Dartford tutor Jean Taylor says computers are hindering pupils

15 March 2014
by Julia Roberts
Jean Taylor with reading pupil Lewis Dryden, 6.

Jean Taylor with reading pupil Lewis Dryden, 6.

Private tutor Jean Taylor says she’s never been busier due to failings in the system by successive governments.

The former school teacher started her one-woman business more than 20 years ago after retiring from the classroom.

It has grown from tutoring one child a week to having three other tutors on the books to help with 40 students – and counting – of all ages.

Mrs Taylor said her business, Dartford Tutoring and Counselling Centre based in Shepherds Lane, Dartford, is flourishing because governments have made it difficult for children to get the education they need in school.

The introduction of technology into the classroom has been given a black mark by the married mother-of-two.

“The problem lies with many things but particularly with computers,” said Mrs Taylor. “Because children are using computers all the time for everything they cannot read, write or spell.

“The old way (of learning) was the best way but reading out loud is hardly ever done in classrooms anymore.
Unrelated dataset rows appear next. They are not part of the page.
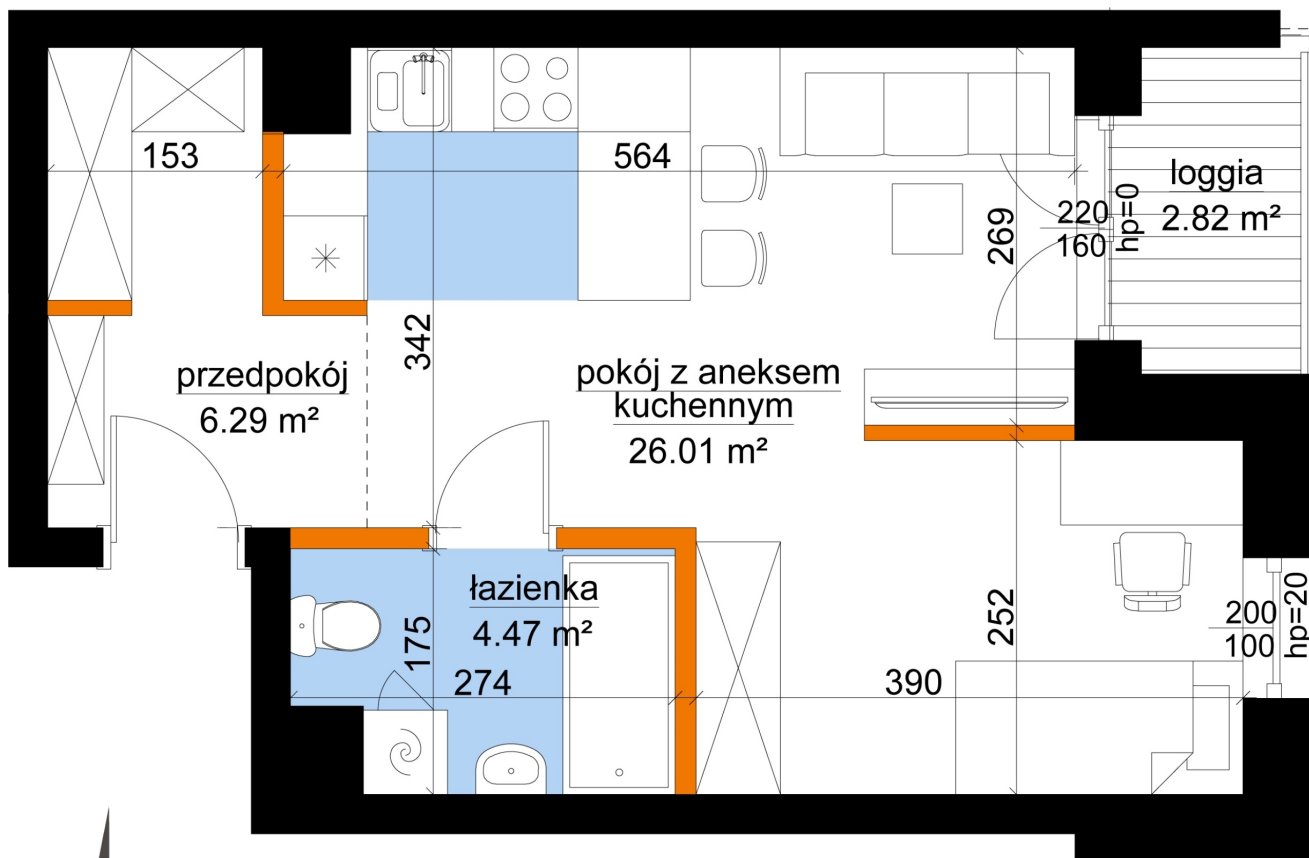

Młynowa bud. 1 mieszkanie 35

- ściana z możliwością rozbiórki
- ściana bez możliwości rozbiórki

Numer:	35
Klatka:	1
Piętro:	Piętro III
Metraż:	36,78 m ²
Pokoje:	1
Cena brutto / m ² :	12 850 zł
Cena brutto:	472 623 zł

“I ask my students to spend five minutes a day reading out loud. It takes a few weeks for them to be convinced but they soon come back to say that their grades are higher.
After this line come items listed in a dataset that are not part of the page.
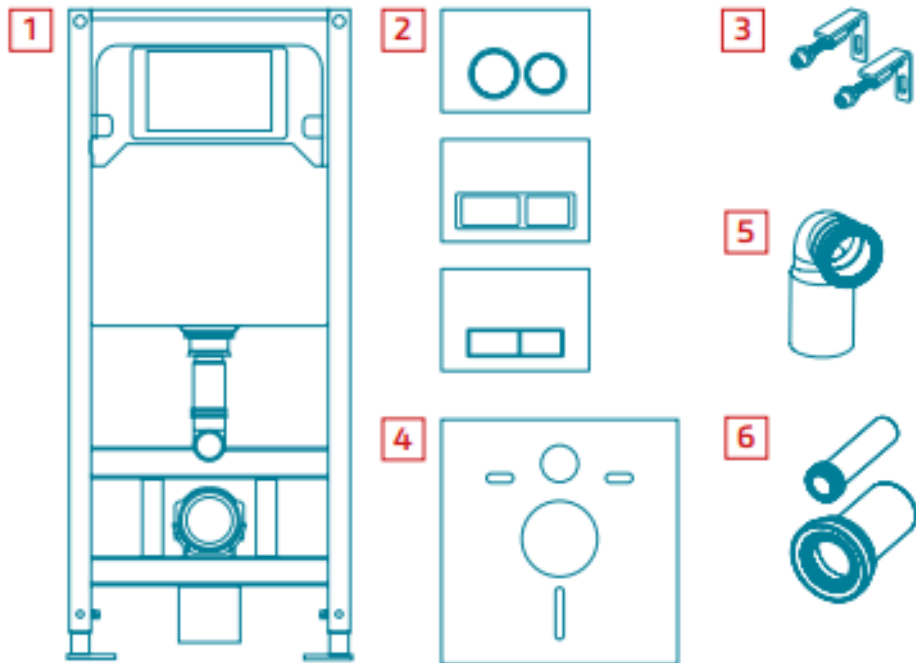

Комплекты с модулем, панелью смыва и крепежом

В комплект входит все необходимое для подключения:

1. Застенный модуль TECEspring
2. Панель смыва TECEspring
3. Комплект крепежных элементов для установки модуля к стене
4. Звукоизоляционная прокладка для унитаза
5. Фановый отвод для подключения к канализации DN110.
6. Комплект патрубков для присоединения унитаза.

Дополнительно приобретается:

1. Горизонтальная фановая труба DN 90 (арт. AF042300-L18)
2. Адаптер DN 90/DN 110 (арт. AF042300-L19)
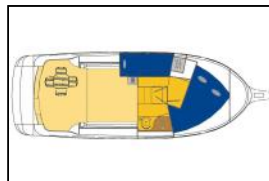

Motoryacht Vektor 950 Bava

Bordküche: Kühlschrank,
Deckausrüstung: Beiboot, Cockpittisch, Elektrische Ankerwinde, Heckdusche,
Komfort: Cockpit Kissen,
Navigation: Bugstrahlruder, GPS Kartenplotter,
Sicherheitsausrüstung: UKW Funk,
Unterhaltung: CD Player,
Yachtelektrik: Solar Panel,

“It really is the key to everything. If they hear their own voice, especially when reading out their homework, they notice any mistakes and correct them.

“Computers are not allowing children to use their magnificent brains.”

Jean Taylor, front left, then clockwise student Vinnie Cavero, maths teacher Hema Panchal and Lewis Dryden, 6.

Jean Taylor, front left, then clockwise student Vinnie Cavero, maths teacher Hema Panchal and Lewis Dryden, 6.

Mrs Taylor is also critical of the proposed changes to the Kent Test, otherwise known as the 11-plus.

Kent County Council is introducing changes to this year’s test in September, although the details have not been finalised.

Grammar schools are also looking at setting their own tests in an effort to counter the coaching culture and encourage more applications from pupils from different backgrounds.

Many believe the current test favours those who can afford private tuition and those attending fee-paying prep schools.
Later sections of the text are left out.